Be aware that the dmcoords output can be off by half a pixel, which can amount to more than a FWHM between plus and minus orders.
The most accurate way to determine the zero-order sky
centroid is from the intersection of the frame-shift
streak and the trace of the MEG arm. A script which
performs this calculation is in development. Figure 3 shows line counts profiles
for plus and minus orders for different zero-order
source position determinations.

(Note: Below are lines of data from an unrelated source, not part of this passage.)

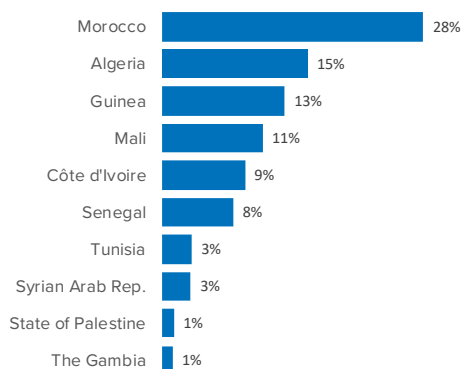

SPAIN Weekly snapshot - Week 47 (18 - 24 Nov 2019)

The charts below are based on figures from the Ministry of Interior and UNHCR estimates. All figures are provisional and subject to change

Refugees & migrants: sea and land arrivals in week 47¹

Total Sea and Land

Sea

Land (Ceuta & Melilla)

Sea and land arrivals during the last five weeks¹

Arrivals per month²

Most common nationalities, Jan - Oct 2019²

Demographic breakdown, Jan - Oct 2019²
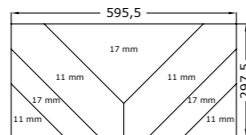

SPECIAL SIZES / FORMATOS ESPECIALES

Cast Iron lista
(7,3 x 59,55 cm - 2.87" x 23.45")

Cast Iron white natural lista 7,5x60 G-89

Cast Iron rodapié
(7,3 x 59,55 cm - 2.87" x 23.45")

Cast Iron white natural rodapié 7,5x60 G-91

11 MM

SPECIAL PIECES / PIEZAS ESPECIALES

Cast Iron white natural star
(58,80 x 59,55 cm - 23,15" x 23,45")

G-519

Cast Iron white natural inside
(29,75 x 119,3 cm - 11,71" x 46,97")

G-1884

Cast Iron white natural decor ramp 30x60
(29,75 x 59,55 cm - 11,71" x 23,45")

G-1822

Cast Iron white natural mosaico 2,5x2,5
(29,75 x 29,75 cm - 11,71" x 11,71")

G-1708

cast iron white natural 60x120

cast iron white natural 60x120 - 17

CAST IRON black

11 MM

Cast Iron serie 60x120
(59,55 x 119,3 cm - 23.45" x 46.97")

Cast Iron black natural 60x120 G-1448

Cast Iron serie 30x120
(29,75 x 119,3 cm - 11.71" x 46.97")

Cast Iron black natural 30x120 G-1492

Cast Iron serie 60x60
(59,55 x 59,55 cm - 23.45" x 23.45")

Cast Iron black natural 60x60 G-1248
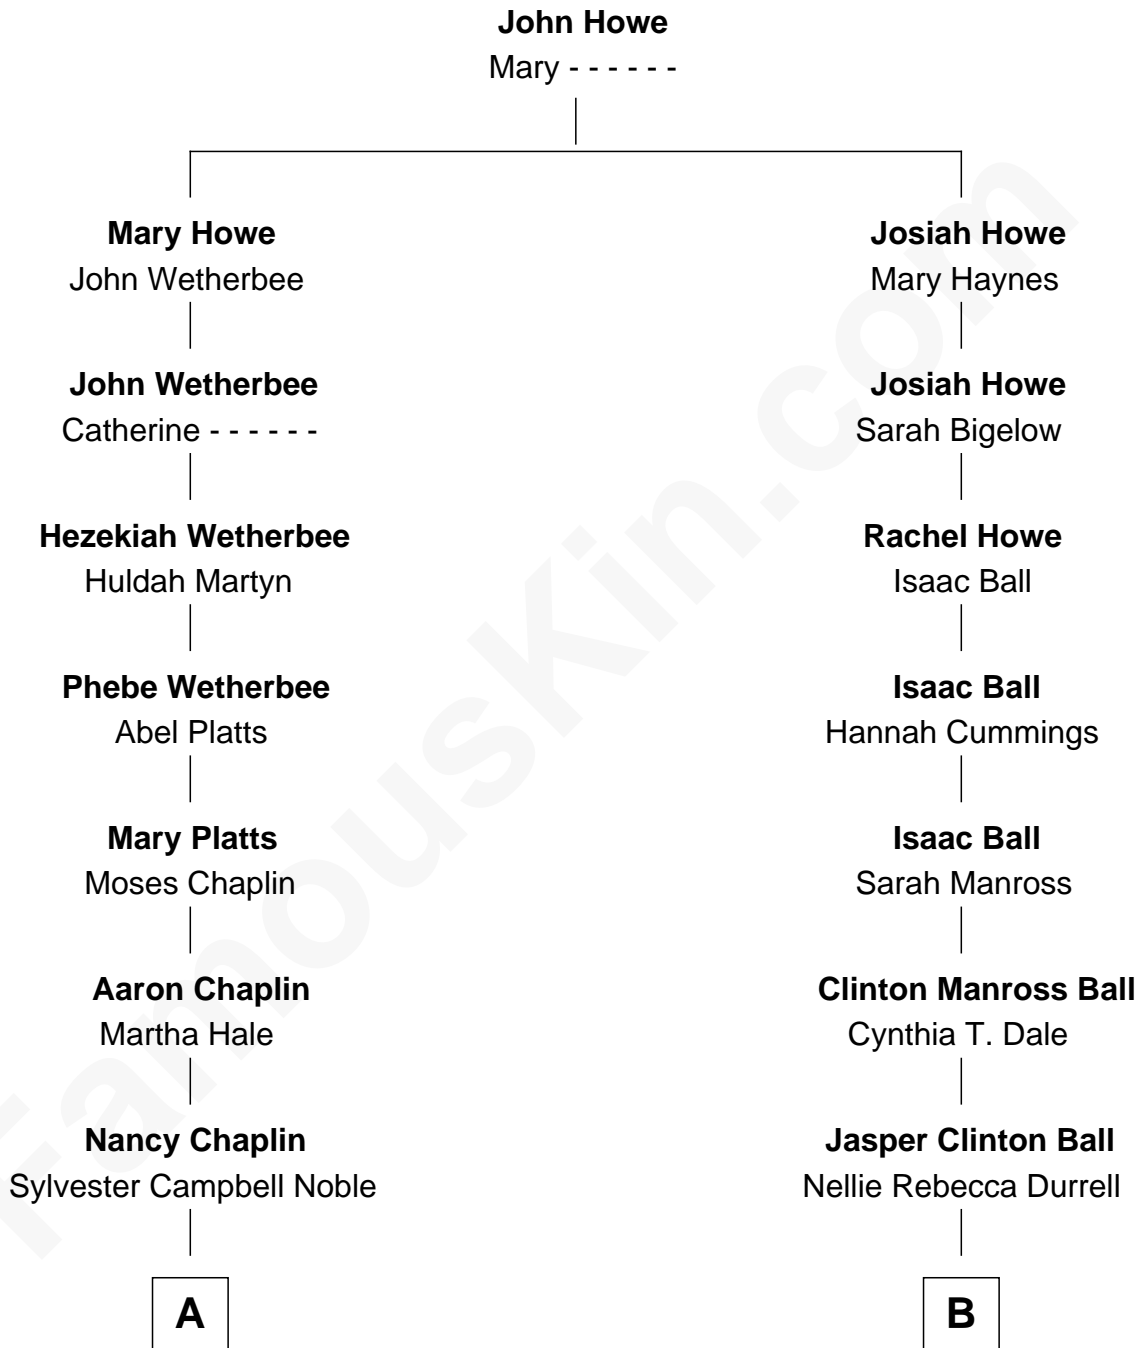

FamousKin.com

Relationship Chart of Eugene Foss

45th Governor of Massachusetts

8th cousin of

Lucille Ball

TV Actress - "I Love Lucy"

A

Marcia Cordelia Noble

George Edmund Foss

Eugene Foss

45th Governor of Massachusetts

B

Henry Durrell Ball

Desiree Evelyn Hunt

Lucille Ball

TV Actress - "I Love Lucy"

FamousKin.com

The top plot shows the
profiles for the position found by dmcoords,
while the bottom plot uses the position from a prototype
script named findzo.sl.
Determine the Correct Source Location
Whether the observation is piled or blocked, it is difficult to determine accurately from the data file where the center of the source distribution should be. A workaround for this situation is to use the known position from SIMBAD, NED, or another reputable source.

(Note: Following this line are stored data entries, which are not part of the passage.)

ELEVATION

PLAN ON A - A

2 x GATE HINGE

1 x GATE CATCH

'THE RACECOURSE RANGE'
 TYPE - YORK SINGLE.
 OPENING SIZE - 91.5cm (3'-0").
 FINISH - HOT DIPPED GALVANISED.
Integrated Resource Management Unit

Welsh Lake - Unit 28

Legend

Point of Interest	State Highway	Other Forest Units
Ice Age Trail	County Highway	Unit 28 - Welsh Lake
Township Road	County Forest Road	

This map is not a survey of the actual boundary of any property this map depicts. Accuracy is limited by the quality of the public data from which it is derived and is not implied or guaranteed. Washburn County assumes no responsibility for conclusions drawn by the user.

From SIMBAD, we find that the known position for Vela X-1 is (RA,DEC) = (09:02:06.86, -40:33:16.9).
The CIAO grating tools require the source values to be in sky coordinates, so we need to use dmcoords to convert them. After setting the celestial coordinate format to sexagesimal, the tool is run in interactive mode:
unix% punlearn dmcoords unix% pset dmcoords asolfile="pcadf097928048N001_asol1.fits" unix% pset dmcoords celfmt=hms unix% dmcoords acisf01927_000N001_evt1.fits dmcoords>: cel 09:02:06.86 -40:33:16.9 (RA,Dec): 09:02:06.859 -40:33:16.90 (RA,Dec): 135.52858 -40.55469 deg THETA,PHI 38.8" 12.08 deg (Logical): 4170.59 4123.34 SKY(X,Y): 4170.59 4123.34 DETX,DETY 4173.56 4112.99 CHIP ACIS-S3 292.36 249.05 TDET 4209.36 1951.05 GDPX,GDPY 32768.50 16384.50 GAC R,D 0.00 0.00 ENERGY 1.000000 ZO(RA,Dec): 09:02:06.860 -40:33:16.90 ZO(RA,Dec): 135.52858 -40.55469 deg ZO SKY(X,Y): 4170.59 4123.34 ZO DETX,DETY 4173.56 4112.99 dmcoords>: q
The new source position in sky pixels is (4170.59, 4123.34).

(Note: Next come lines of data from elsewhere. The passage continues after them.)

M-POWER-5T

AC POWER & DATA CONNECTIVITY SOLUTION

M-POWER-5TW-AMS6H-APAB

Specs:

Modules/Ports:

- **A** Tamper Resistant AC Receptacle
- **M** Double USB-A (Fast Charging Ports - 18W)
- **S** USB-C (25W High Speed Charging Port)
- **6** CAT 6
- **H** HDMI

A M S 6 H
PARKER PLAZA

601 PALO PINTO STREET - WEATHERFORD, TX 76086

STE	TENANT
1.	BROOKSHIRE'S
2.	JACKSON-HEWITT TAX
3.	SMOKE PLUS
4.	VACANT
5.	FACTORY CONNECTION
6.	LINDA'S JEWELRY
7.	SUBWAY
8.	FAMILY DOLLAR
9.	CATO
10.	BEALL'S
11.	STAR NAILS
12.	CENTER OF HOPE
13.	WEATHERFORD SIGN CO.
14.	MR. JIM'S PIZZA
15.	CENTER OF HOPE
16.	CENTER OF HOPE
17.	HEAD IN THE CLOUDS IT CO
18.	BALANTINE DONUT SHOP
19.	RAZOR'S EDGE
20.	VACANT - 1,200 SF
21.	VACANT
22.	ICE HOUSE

Run tg_create_mask with New Source Position
While it is possible to manually input a source position into tgdetect, the tool will only use it as a starting point for the source detection. There is no guarantee that the output region will be centered on the coordinates we want.
Instead of running tgdetect again, we proceed to tg_create_mask. This tool determines the location of the HEG and MEG arms and creates a mask that will be used for the spectral extraction. The use_user_pars option and related parameters allow us to set the zero-order position, which is used exactly as it is input.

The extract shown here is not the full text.